How the Recent Supreme Court Sales Tax Ruling Will Affect E-Commerce and SaaS Companies

sales tax

About a month ago, a landmark court ruling quietly changed the sales tax landscape for many online retailers and remote software companies. According to the U.S. Supreme Court’s recent decision in South Dakota v. Wayfair, internet retailers can now be required to collect sales tax in states in which they lack a physical presence. In a strongly worded opinion, the Court’s ruling overturns 26 years of precedence, leaving companies to question how, and to what degree, this ruling impacts them.

Historically, states could only mandate companies to collect and remit sales tax on sales made to states where the taxpayer had physical presence (commonly referred to as the Quill physical presence rule). Generally, physical presence was denied as having employees or a physical location, such as an office or warehouse, in that state.

However, in recent years, states began a campaign to override the physical presence standard with a focus on online retailers. States began passing “economic nexus” laws, attempting to redefine or directly contradict the notion of physical presence. Specifically, these laws create sales tax nexus based on certain transactional thresholds.

Many regarded these efforts to tax out-of-state companies as reminiscent of “taxation without representation,” but the states had valid concerns. For example, under the physical presence standard, companies like Wayfair or Amazon had a pricing advantage compared to brick-and-mortar retailers. In a broader sense, technology companies, such as SaaS providers, were notable contributors to lost sales tax revenue — upwards of $33 billion each year.

For Wayfair specifically, at issue was South Dakota’s economic nexus law, which required companies to collect sales tax if it has at least $100,000 in sales or at least 200 transactions with customers in the state. In a 5-4 majority ruling, the Court overruled the  Quill physical presence precedent and deemed South Dakota’s economic nexus as Constitutionally appropriate. The Court reasoned that the state’s law better reflects today’s economy and referred to physical presence rule as “unsound and incorrect.”

What does this mean for technology companies?

Currently, 26 states have either passed or proposed a rule similar or even more aggressive than South Dakota’s economic nexus law — and that list is growing daily.

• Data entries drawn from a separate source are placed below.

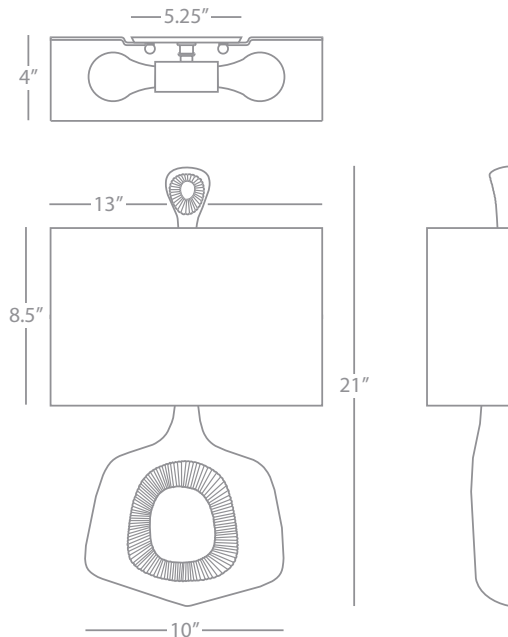

731

Reform Wall Sconce

2-60W Max.
Bulb Type: A
Direct Wire Only
Ceramic w/White Glaze Finish
Rectangular White Linen Fabric Shade w/ Rolled Edge Hem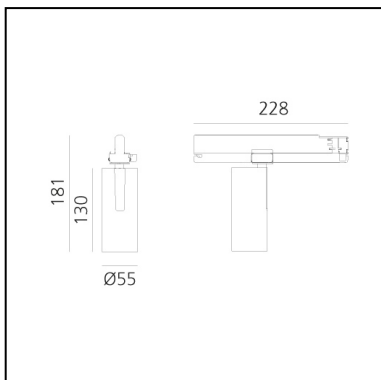

## LUMINAIRE

- Watt: **25W**
- Delivered lumens output: **1597lm**
- CCT: **3000K**
- Efficiency: **68%**
- Efficacy: **63.87lm/W**
- CRI: **90**

## DESCRIPTION

Three sizes with three different beam angles each (spot, flood, wide flood) obtained by means of refractive or hybrid optical units. Vector 55 track DALI zoom optic (22°-32°). Junction arm integrated in the spotlight's body to keep the barycentre aligned with the track and prevent any imbalance in possible suspension versions of the track. The junction allows 360° rotation and 90° tilting for maximum emission adjustment freedom. Vector 95 available only in track version. Version with compact 4-conductor (3p+n) adapter with hidden LED driver and not-dimmable phase selector.

## DIMENSIONS

- Height: **cm 18.1**
- Diameter: **cm 5.5**
- Base Length: **cm 16.2**
- Inclination: **-90+90**
- Rotation: **360°**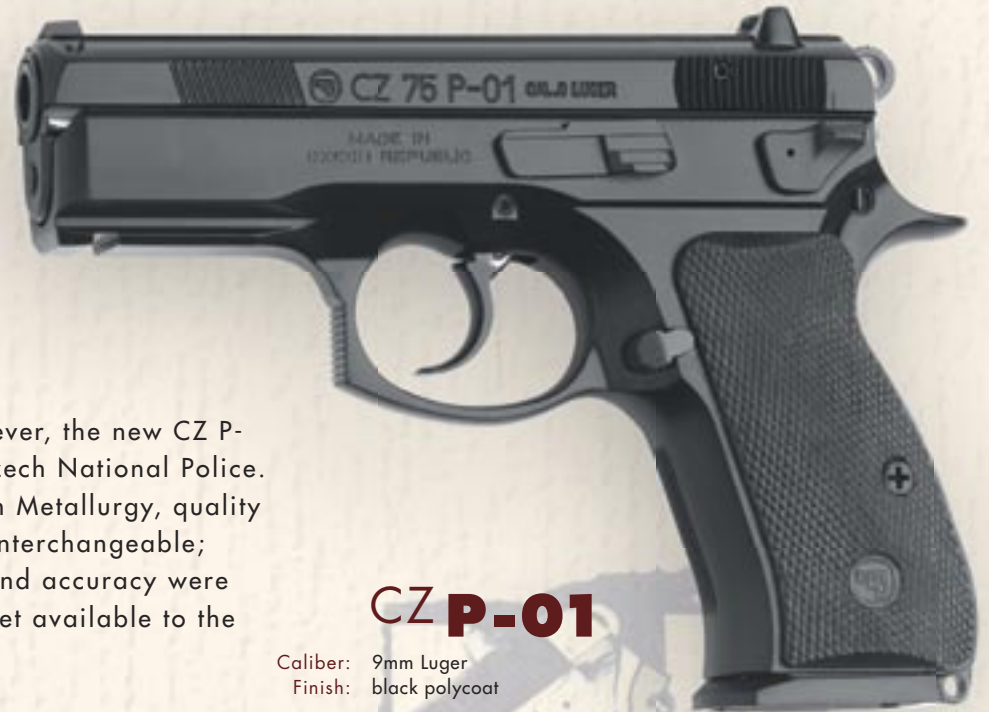

CZ P-01

- **NATO SPEC NSN 1005-16-000-8619**
- **Accessory rails, M3 compatible**
- **Light alloy frame with decocker**
- **Enhanced geometry for better handling**

After 3 years of some of the most aggressive small arms testing ever, the new CZ P-01 will be the successor to the CZ 75's currently in use by the Czech National Police. The P-01 is based on the CZ 75 design, but with improvements in Metallurgy, quality control and design. The components of the P-01 are completely interchangeable; this required some very careful re-design so that the reliability and accuracy were not impaired. The P-01 is the only NATO spec pistol on the market available to the public.

P-01 features

- **Forged aircraft grade aluminum alloy frame for light but reliable day-to-day carry.**
- **Hammer forged barrel for accuracy and reliability**
- **M3 rail to accept lights or lasers**
- **Dual slide serrations for easy operation**
- **Re-contoured trigger for smoother, consistent trigger pulls**
- **Generous squared trigger guard for gloved hands, lanyard loop on butt**
- **Checkered rubber grips, serrated front and back strap for superior handling**
- **Easy disassembly for cleaning**

CZ P-01

Caliber: 9mm Luger
Finish: black polycoat

"The curves and angles seem to blend in an appealingly form-fitting manner. Think of a Frank Lloyd Wright chair that looks "just right."

Roy Huntington
American Handgunner, January/February 2004

Considering this new ruling, SaaS companies are especially at risk of seeing a big tax burden. First, due to their cloud accessibility, SaaS companies often have a wider array of sales by state; thus, an elevated risk of expansive nexus. Second, the SaaS pricing model generally breaks out the contract into monthly transactions. Consequently, the common 200+ transaction portion of these economic nexus laws are far easier to meet under the SaaS pricing model. In other words, rather than needing to have 200 customers in a state, SaaS companies may trigger nexus with only 17 customers, perhaps fewer, in the event of other separately invoiced services.

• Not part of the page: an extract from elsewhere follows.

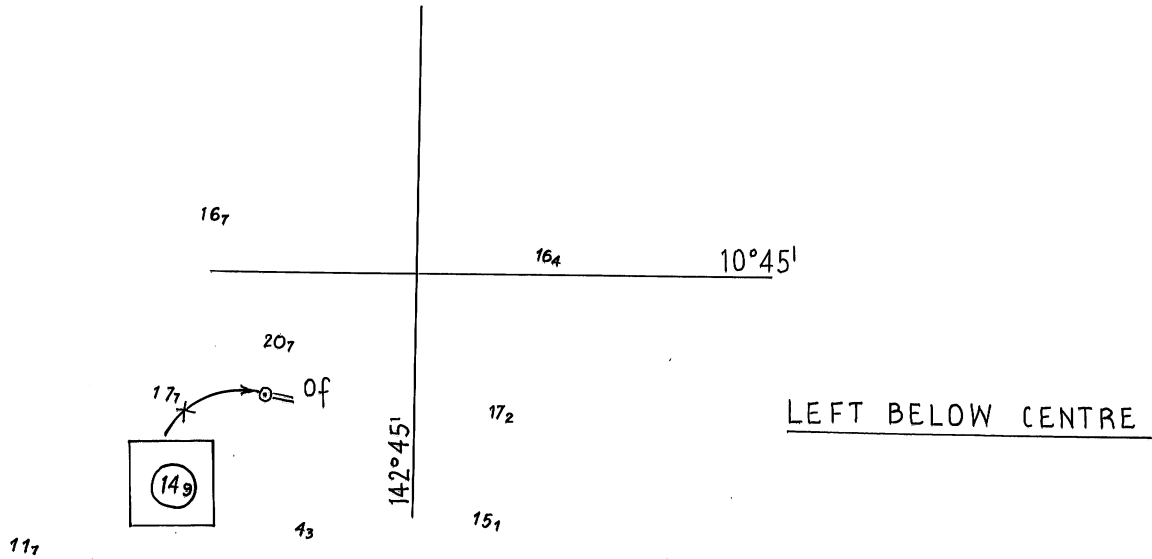

360/2010

834/2010

© Commonwealth of Australia 2010

AUS 839

Furthermore, a commonly-held belief in the technology community is the “service” portion of software-as-a-service means that sales tax has little to no significance. However, in conjunction with the Wayfair ruling, a growing number of states now require SaaS companies to collect sales tax on invoices.

Outside of an impending audit, a company’s exit strategy creates another impetus for companies to further evaluate the Wayfair impact. For example, when undergoing an acquisition, sales tax exposure is a frequent issue during due diligence; often requiring sellers to put a portion of the purchase price in a holdback escrow or, at times, cancelling the deal altogether. 

Companies should not take this ruling lightly. In no uncertain terms, Wayfair is a landmark ruling for e-commerce, online or remote sellers, with far-reaching implications. Wayfair alters the sales tax landscape, creating uncertainty for companies at all stages.

Brian Sengson is a tax attorney licensed with the State Bar of Georgia and a Manager of Bennett Thrasher LLP’s State & Local Tax practice.